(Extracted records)
•••

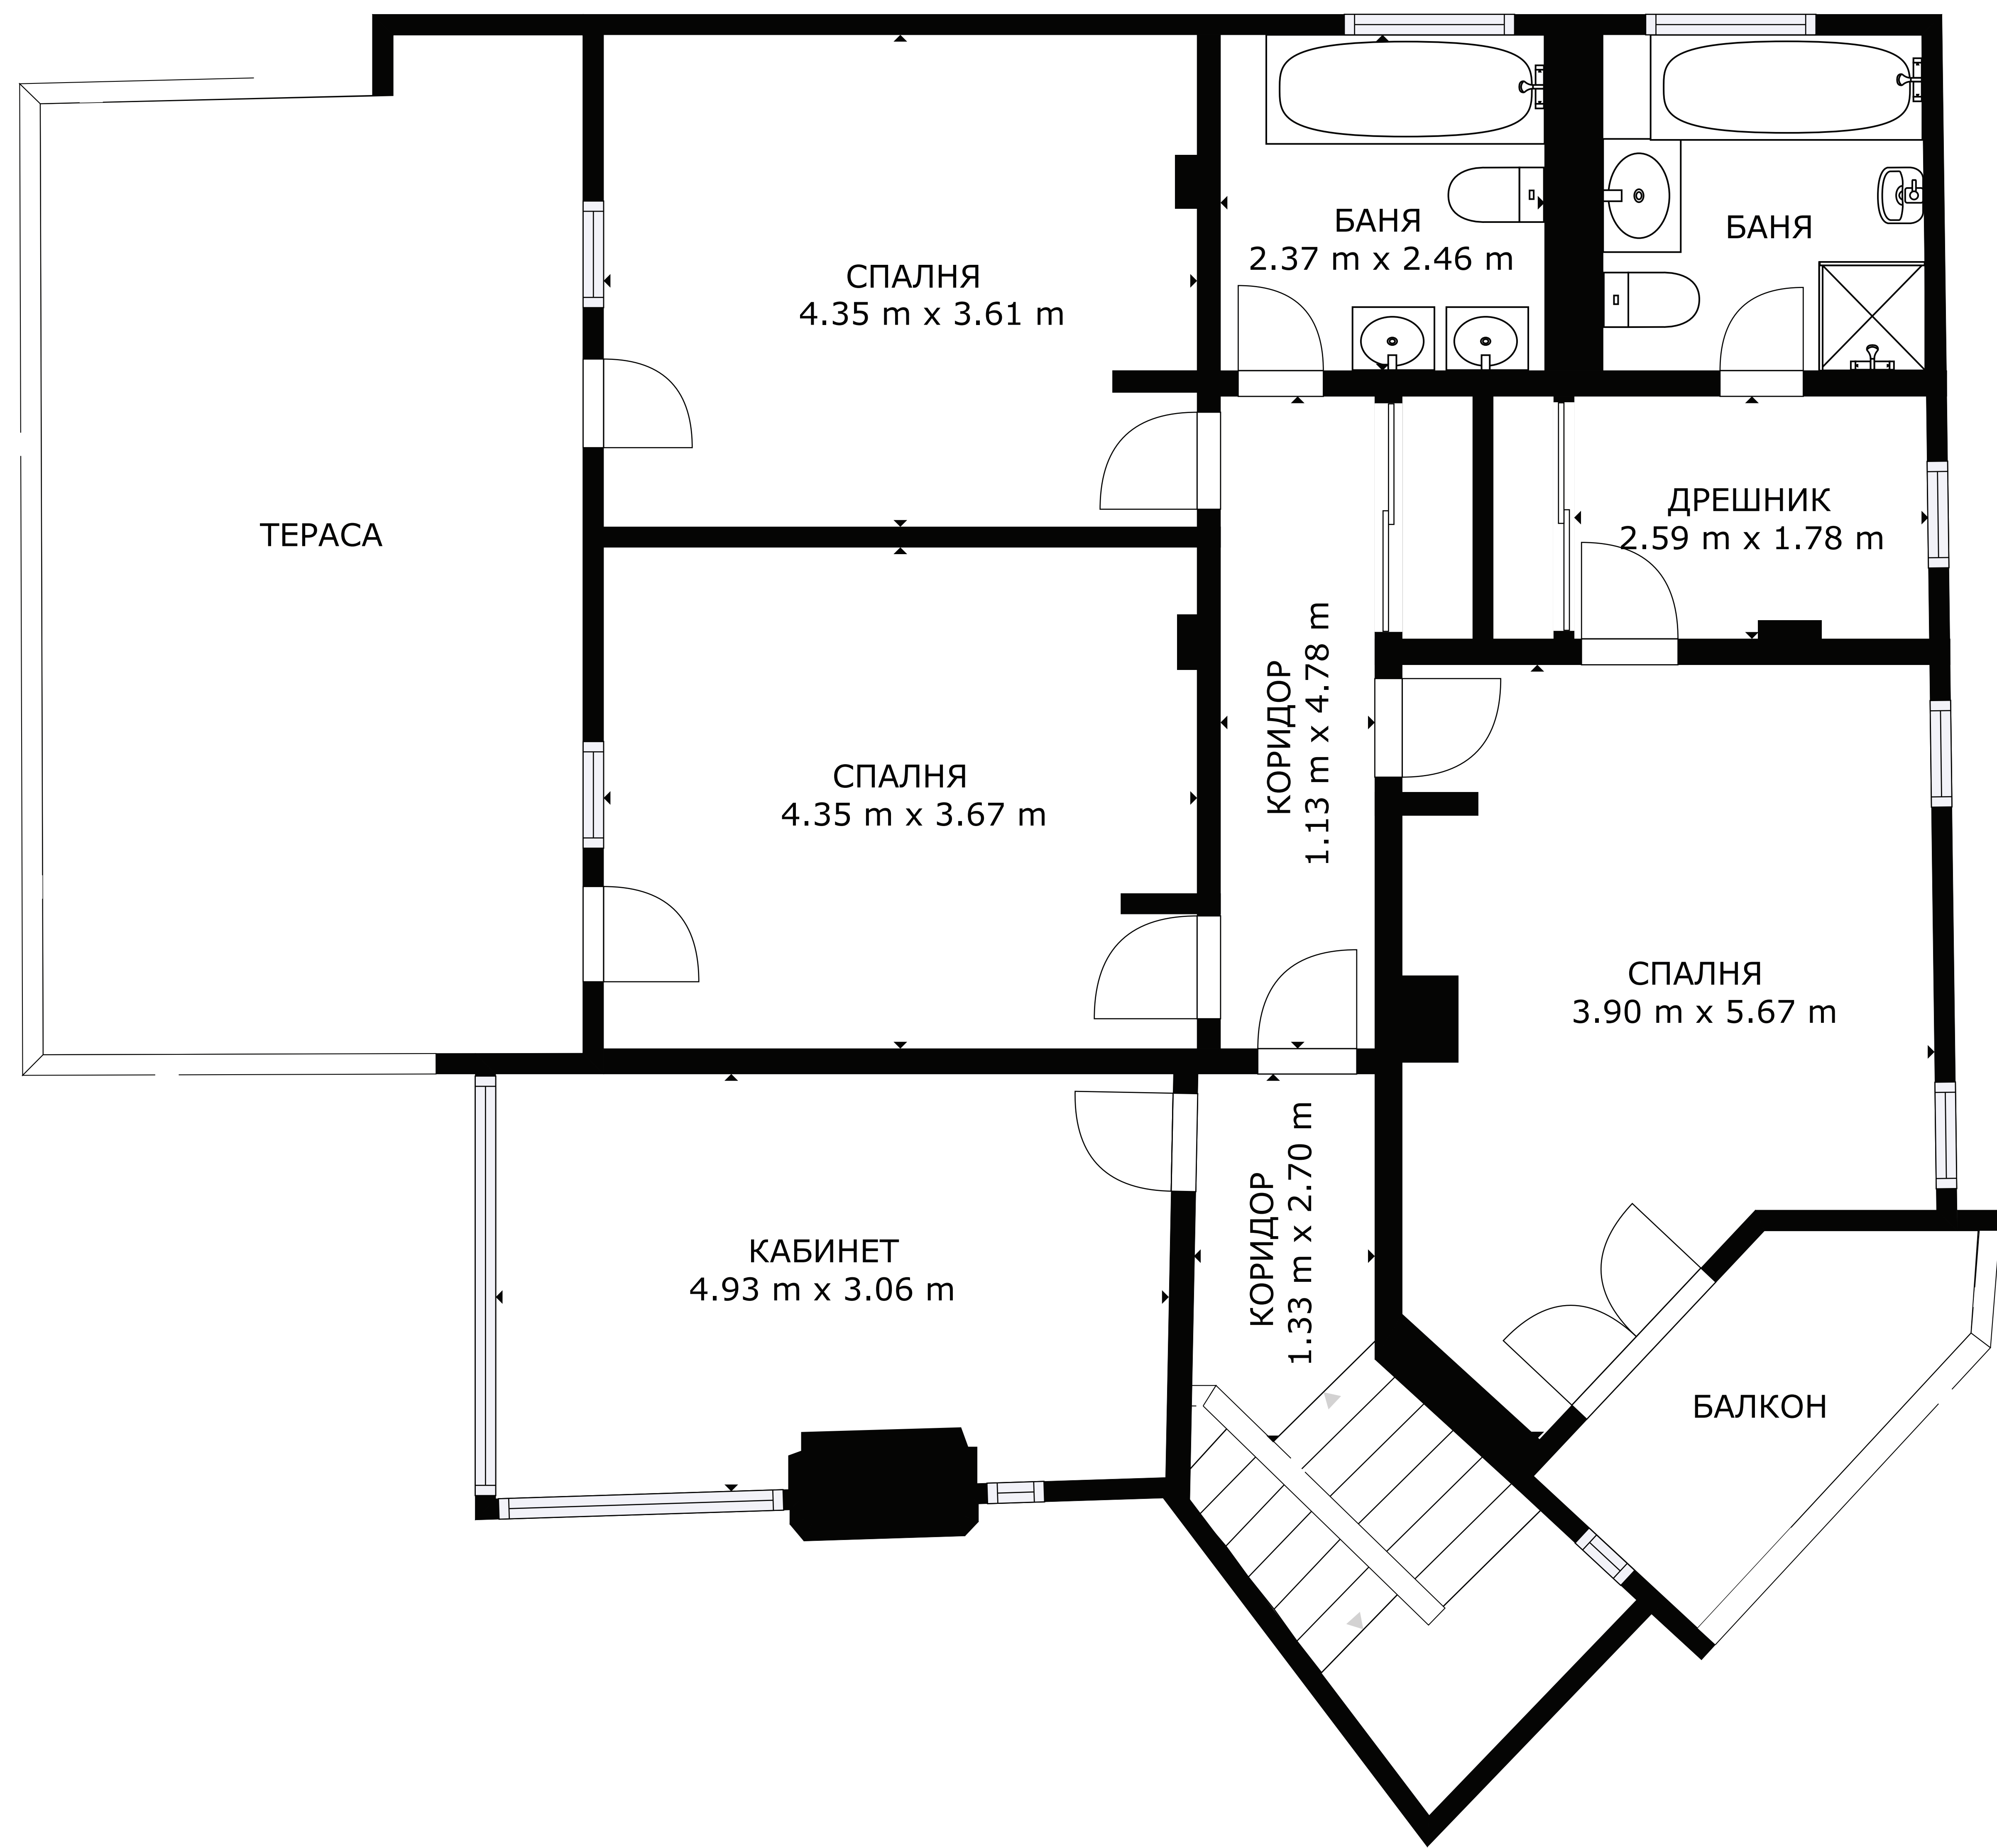

ПЛОЩИ/ AREAS (кв.м)(m²)

Етаж -1	84
Етаж 1	117
Етаж 2	106
Гараж	34
Тераса	10
Веранда	61
Барбекю зона	8
Тераса	28

ИНФОРМАЦИЯ/ ABOUT
Етаж -1

БЕЛЕЖКИ/ NOTES
 Всички размери са ориентировъчни. Могат да бъдат наблюдавани разминавания в рамките до 2%.
 All sizes are indicative. Discrepancies of up to 2% can be observed.

ПЛОЩИ/ AREAS (кв.м)(m ²)	
Етаж -1	84
Етаж 1	117
Етаж 2	106
Гараж	34
Тераса	10
Веранда	61
Барбекю зона	8
Тераса	28

ИНФОРМАЦИЯ/ ABOUT
Етаж 1

БЕЛЕЖКИ/ NOTES
 Всички размери са ориентировъчни. Могат да бъдат наблюдавани разминавания в рамките до 2%. All sizes are indicative. Discrepancies of up to 2% can be observed.

ПЛОЩИ/ AREAS (кв.м)(m²)

Етаж -1	84
Етаж 1	117
Етаж 2	106
Гараж	34
Тераса	10
Веранда	61
Барбекю зона	8
Тераса	28

ИНФОРМАЦИЯ/ ABOUT
Етаж 2

БЕЛЕЖКИ/ NOTES
Всички размери са ориентировъчни.
Могат да бъдат наблюдавани
разминавания в рамките до 2%.
All sizes are indicative. Discrepancies of up
to 2% can be observed.
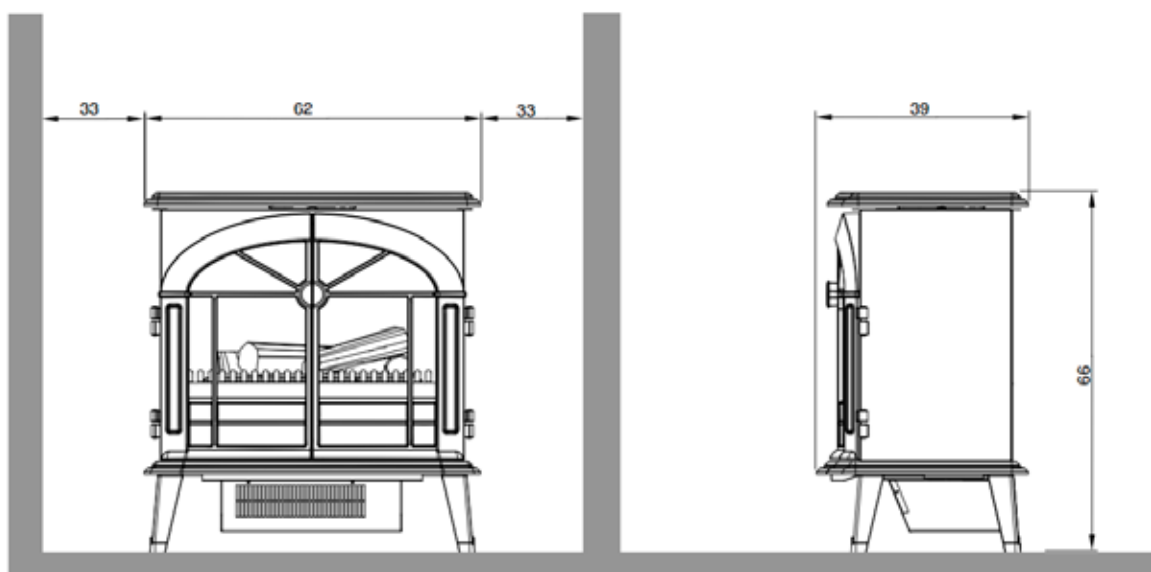

Stockbridge

Afmetingen

Alle afmetingen zijn in mm

		Stockbridge
Algemene specificaties	Vuursysteem	Optimyst®
	Artikelnummer	206398
	EAN-code	5011139206398
	Model	Vrijstaande haard
	Zicht op het vuur	1-zijdig
	Kleur	Zwart
	Decoratie / vuurbed	Houtset
Productafmeting	Vuurbeeld (BxH)	53 x 28 cm
	Buitenmaten BxHxD	62 x 66 x 39 cm
Functies	Warmteafgifte	Ja
	Thermostaat	Ja
	Afstandsbediening	Ja
	Handmatige bediening direct bij de haard mogelijk ja / nee	Ja
	Lampmodule	Halogeen
	Geluidsmodule	Nee
	Instellingen kleureffecten	Nee
Verbruik	Warmte-instelling 1 in W	1000W
	Warmte-instelling 2 in W	2000W
	Alleen vlamwerking	200W
	Max. verbruik	2000W
Voltage	Spanning/elektrische frequentie	230V/50Hz
Specificaties	Productgewicht in kg	27
	Kabellengte	1,5 m
	Garantie	2 jaar
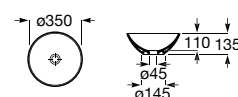

Bol

Lavatório em Fineceramic® sobre a bancada sem orifício para torneira. Não inclui torneira.

A32787L000	350 mm	188,00 €
Branco		
A32787L..0	350 mm	226,00 €
Cores Mate		

Acabamentos:
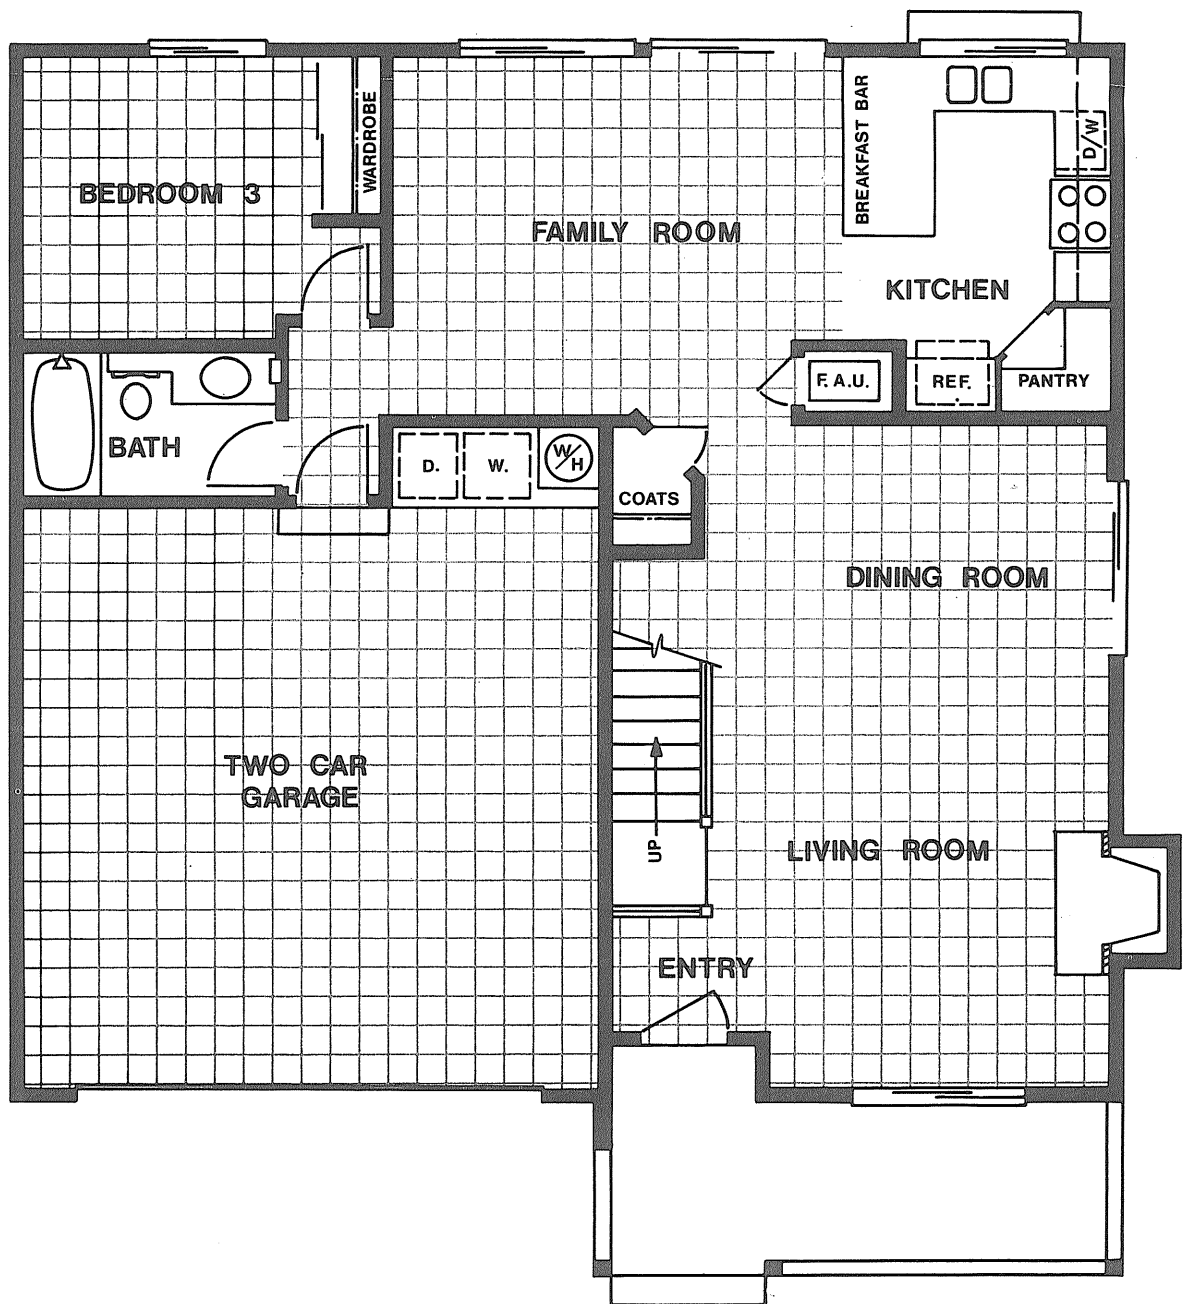

Decorating Guide

The BUNGALOW CARMEL

PLAN #43

1509 1/2

LOT # _____

\$ _____

Valencia
CORPORATION

(805) 255-4211
(213) 362-1677

Decorating Guide

The
BUNGALOW
MONTEREY

PLAN #44

1760 p

LOT # _____
\$ _____

Valencia
CORPORATION

(805) 255-4211
(213) 362-1677

Decorating Guide

The BUNGALOW BALBOA

PLAN #41

1223
17

LOT # _____

\$ _____

Valencia
CORPORATION

(805) 255-4211
(213) 362-1677

Decorating Guide
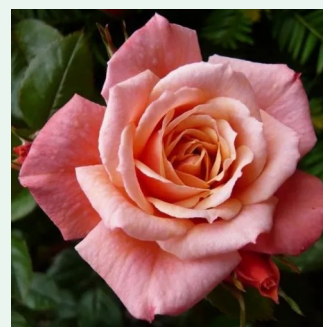

Rosa New Dawn

blijedo roza - Ruža puzavica
300-600 cm
diskretni miris ruže - -
Somerset Rose Nursery

Rosa Nice Day

ružičasta - Ruža puzavica
215-245 cm
diskretni miris ruže - -
Christopher H. Warner

Rosa Open Arms
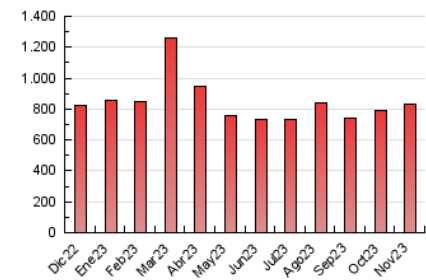

#### 3. Per dia del mes (Nacional)

Dia	N. únics	Visites	Pàgines	Dia	N. únics	Visites	Pàgines	Dia	N. únics	Visites	Pàgines
1	16.818	18.735	21.304	11	25.667	29.681	35.028	21	30.213	36.713	41.760
2	25.702	30.535	35.682	12	37.254	42.382	50.217	22	20.680	24.179	27.823
3	16.802	19.616	22.367	13	28.139	31.595	36.535	23	18.435	20.209	24.575
4	19.642	22.590	25.333	14	15.832	17.437	20.737	24	11.556	13.249	15.405
5	39.325	44.909	52.762	15	13.448	15.372	19.326	25	8.566	9.575	11.352
6	30.992	35.593	42.186	16	20.168	23.938	27.877	26	18.911	21.050	25.162
7	19.715	22.647	26.791	17	18.516	22.089	26.054	27	18.616	21.241	25.240
8	14.173	16.119	19.048	18	19.846	22.532	26.529	28	15.248	17.991	21.901
9	12.791	14.800	17.734	19	27.998	32.664	38.509	29	11.554	13.656	16.378
10	20.176	23.644	28.589	20	25.139	29.307	33.518	30	9.185	10.458	13.227

##### 4.1 Per dia de la setmana (promig)

N. únics / Visites (x 100)

Pàgines (x 100)

##### 4.2 Per franja horària (promig)

Visites\_ (x 1000)

Pàgines (x 1000)

##### 4.3 Per mesos

N. únics / Visites (x 1000)

Pàgines (x 1000)
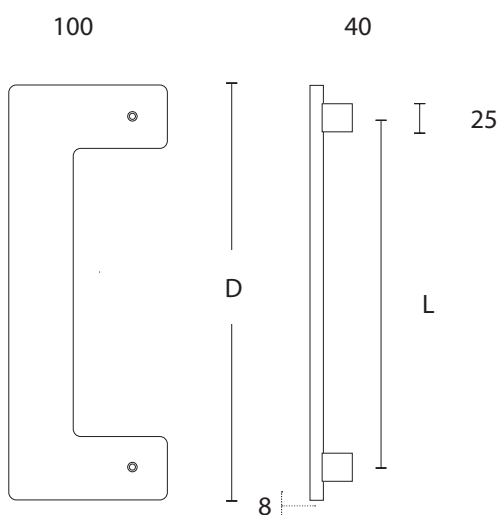

917 SERIES **SOLID**

S05 M01
MAT NIKEL - INOX
MATT NICKEL - INOX

ΥΛΙΚΟ / MATERIAL : INOX 304

ΔΙΑΘΕΣΙΜΕΣ ΔΙΑΣΤΑΣΕΙΣ / AVAILABLE SIZES

D	L
230	270
400	440
500	540
600	640

ΠΙΣΤΟΠΟΙΗΣΕΙΣ / CERTIFICATIONS

**MADE
IN
GREECE**
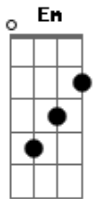

# Manoel Gomes - Lá Ele (part. Tierry)

tom:

Intro: Em G D Em

[Primeira Parte]

D  
Eu quis dar pra você (lá ele)

Todo o meu amor

Mas ela só me quis como amante Em

E ainda mete por trás nesse pobre rapaz que garante (lá nele) G

Que esse corpo gostoso é só dele e de mais ninguém A

G  
Lá ele mil vezes (lá ele mil vezes)

Se eu fico arriado de 4 por você? (lá ele) D

Vai dar merda!

Eu sei que eu vou me arrepender depois Em

Um lá ele pra nós 2! A

## Acordes

© ukulele-chords.com

© ukulele-chords.com

© ukulele-chords.com

© ukulele-chords.com

Em  
Lá ele  
G  
Quando ela beija o seu namorado  
D A  
E me beija por tabela eu beijo ele

Em  
Lá ele  
G  
Deus me livre Deus é mais  
D  
Se além de beijo ela também ajoelhou pra ele
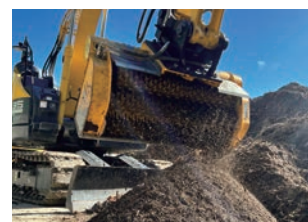

展示

**ギルスタースクリーン
GS4-100**

根っこや木くずと
土の精密ふるいに最適
適合ショベル：6-13t

•••

### What to produce
Give again, word for word, the lines above from the one with "Intro: Em G D Em" through the final line of the data, both ends included. Do not copy any picture.

### Solution
Intro: Em G D Em

[Primeira Parte]

D  
Eu quis dar pra você (lá ele)

Todo o meu amor

Mas ela só me quis como amante Em

E ainda mete por trás nesse pobre rapaz que garante (lá nele) G

Que esse corpo gostoso é só dele e de mais ninguém A

G  
Lá ele mil vezes (lá ele mil vezes)

Se eu fico arriado de 4 por você? (lá ele) D

Vai dar merda!

Eu sei que eu vou me arrepender depois Em

Um lá ele pra nós 2! A

## Acordes

© ukulele-chords.com

© ukulele-chords.com

© ukulele-chords.com

© ukulele-chords.com

Em  
Lá ele  
G  
Quando ela beija o seu namorado  
D A  
E me beija por tabela eu beijo ele

Em  
Lá ele  
G  
Deus me livre Deus é mais  
D  
Se além de beijo ela também ajoelhou pra ele

展示

**ギルスタースクリーン
GS4-100**

根っこや木くずと
土の精密ふるいに最適
適合ショベル：6-13t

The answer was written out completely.